### WORK REQUEST
For each line of the data that includes the word "organic", copy the line.

### LISTED ENTRIES
________________
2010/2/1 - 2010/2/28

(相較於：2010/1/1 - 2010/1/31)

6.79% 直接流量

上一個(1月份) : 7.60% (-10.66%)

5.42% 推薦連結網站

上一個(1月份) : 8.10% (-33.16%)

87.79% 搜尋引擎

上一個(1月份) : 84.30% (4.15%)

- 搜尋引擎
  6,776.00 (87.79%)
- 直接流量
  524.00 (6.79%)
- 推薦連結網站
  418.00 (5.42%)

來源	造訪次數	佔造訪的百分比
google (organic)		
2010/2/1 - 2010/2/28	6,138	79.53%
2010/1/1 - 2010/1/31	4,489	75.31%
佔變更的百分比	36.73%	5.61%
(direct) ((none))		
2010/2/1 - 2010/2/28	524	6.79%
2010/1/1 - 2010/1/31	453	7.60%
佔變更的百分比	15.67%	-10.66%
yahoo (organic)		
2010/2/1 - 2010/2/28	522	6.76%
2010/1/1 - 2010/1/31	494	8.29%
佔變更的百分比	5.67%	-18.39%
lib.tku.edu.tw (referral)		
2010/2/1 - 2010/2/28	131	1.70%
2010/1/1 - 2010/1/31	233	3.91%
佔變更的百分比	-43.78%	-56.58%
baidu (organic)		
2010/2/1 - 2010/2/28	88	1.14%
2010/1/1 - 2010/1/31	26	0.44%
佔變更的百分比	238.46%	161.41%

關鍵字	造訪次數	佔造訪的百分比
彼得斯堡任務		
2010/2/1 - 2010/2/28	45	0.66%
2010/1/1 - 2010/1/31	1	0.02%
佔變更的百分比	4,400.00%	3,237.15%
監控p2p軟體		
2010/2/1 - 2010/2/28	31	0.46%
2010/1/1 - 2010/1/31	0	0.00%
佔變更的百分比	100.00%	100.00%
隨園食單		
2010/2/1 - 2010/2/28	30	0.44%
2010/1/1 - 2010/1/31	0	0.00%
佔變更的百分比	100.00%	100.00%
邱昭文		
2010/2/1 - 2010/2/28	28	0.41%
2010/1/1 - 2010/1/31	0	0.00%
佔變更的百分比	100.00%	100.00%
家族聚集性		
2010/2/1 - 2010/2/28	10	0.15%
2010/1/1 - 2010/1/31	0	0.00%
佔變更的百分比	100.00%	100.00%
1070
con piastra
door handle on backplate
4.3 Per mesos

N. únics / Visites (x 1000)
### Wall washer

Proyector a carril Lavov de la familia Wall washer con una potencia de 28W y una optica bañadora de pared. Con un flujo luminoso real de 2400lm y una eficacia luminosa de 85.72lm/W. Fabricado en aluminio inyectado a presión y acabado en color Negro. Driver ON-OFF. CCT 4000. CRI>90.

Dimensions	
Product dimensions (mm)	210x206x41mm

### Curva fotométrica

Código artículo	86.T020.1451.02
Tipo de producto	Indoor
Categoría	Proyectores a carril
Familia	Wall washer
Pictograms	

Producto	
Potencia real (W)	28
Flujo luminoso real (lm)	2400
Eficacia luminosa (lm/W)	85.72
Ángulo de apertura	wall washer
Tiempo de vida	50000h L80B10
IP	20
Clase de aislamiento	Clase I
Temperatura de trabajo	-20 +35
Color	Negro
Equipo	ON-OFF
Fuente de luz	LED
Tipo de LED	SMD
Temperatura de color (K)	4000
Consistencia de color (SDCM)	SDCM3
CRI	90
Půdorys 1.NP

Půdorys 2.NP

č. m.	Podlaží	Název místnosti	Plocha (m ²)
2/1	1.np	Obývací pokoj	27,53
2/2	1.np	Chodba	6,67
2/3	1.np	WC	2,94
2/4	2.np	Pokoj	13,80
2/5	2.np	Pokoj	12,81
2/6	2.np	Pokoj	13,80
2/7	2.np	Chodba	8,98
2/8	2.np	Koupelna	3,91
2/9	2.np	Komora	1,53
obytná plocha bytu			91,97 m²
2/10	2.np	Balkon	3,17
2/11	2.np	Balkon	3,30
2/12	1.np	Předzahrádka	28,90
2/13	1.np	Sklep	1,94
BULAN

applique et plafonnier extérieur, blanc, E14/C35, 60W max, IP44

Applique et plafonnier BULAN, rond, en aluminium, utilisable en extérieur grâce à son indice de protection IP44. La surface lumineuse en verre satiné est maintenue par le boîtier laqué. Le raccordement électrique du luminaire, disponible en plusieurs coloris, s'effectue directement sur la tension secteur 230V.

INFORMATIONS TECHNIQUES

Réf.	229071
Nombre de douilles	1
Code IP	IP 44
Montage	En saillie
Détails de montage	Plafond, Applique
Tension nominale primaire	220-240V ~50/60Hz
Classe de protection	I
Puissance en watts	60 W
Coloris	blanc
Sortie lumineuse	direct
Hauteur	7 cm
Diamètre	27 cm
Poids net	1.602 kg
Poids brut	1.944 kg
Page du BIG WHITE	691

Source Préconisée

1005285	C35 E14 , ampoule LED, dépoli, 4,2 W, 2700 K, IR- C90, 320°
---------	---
________________
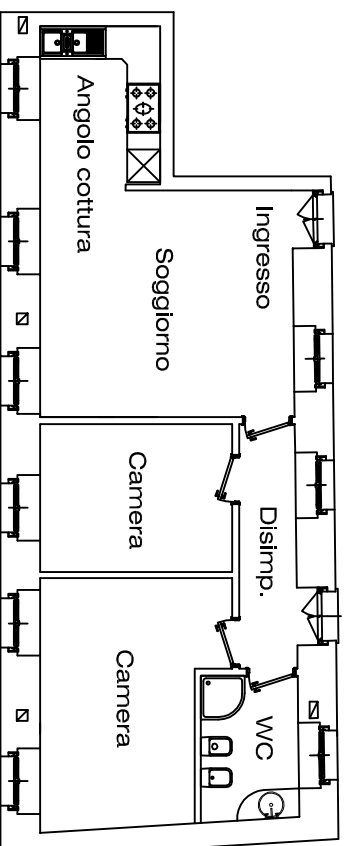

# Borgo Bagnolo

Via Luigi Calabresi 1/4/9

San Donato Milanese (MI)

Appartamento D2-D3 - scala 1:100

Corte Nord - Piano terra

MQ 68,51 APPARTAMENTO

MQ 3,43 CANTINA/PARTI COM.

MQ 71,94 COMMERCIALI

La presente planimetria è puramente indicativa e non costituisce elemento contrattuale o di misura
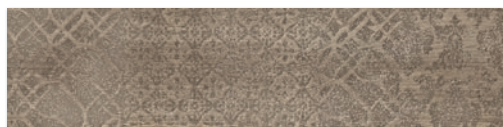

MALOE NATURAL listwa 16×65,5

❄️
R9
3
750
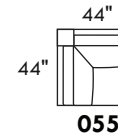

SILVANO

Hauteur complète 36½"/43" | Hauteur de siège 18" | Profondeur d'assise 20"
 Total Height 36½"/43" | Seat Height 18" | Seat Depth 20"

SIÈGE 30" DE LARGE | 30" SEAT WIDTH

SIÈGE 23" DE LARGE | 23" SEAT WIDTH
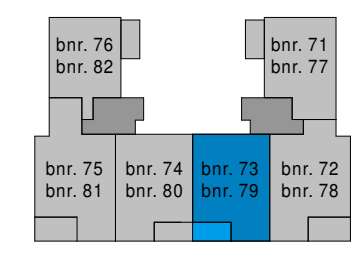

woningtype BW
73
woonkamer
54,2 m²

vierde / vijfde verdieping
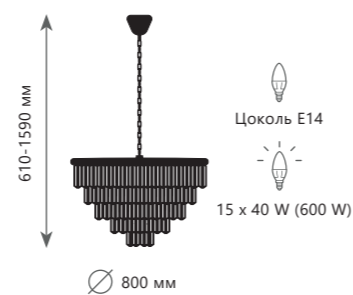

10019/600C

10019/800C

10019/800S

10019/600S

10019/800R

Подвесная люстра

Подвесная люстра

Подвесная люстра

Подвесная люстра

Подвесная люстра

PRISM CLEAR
________________
### RESULT OF THE EXERCISE
google (organic)		
yahoo (organic)		
baidu (organic)		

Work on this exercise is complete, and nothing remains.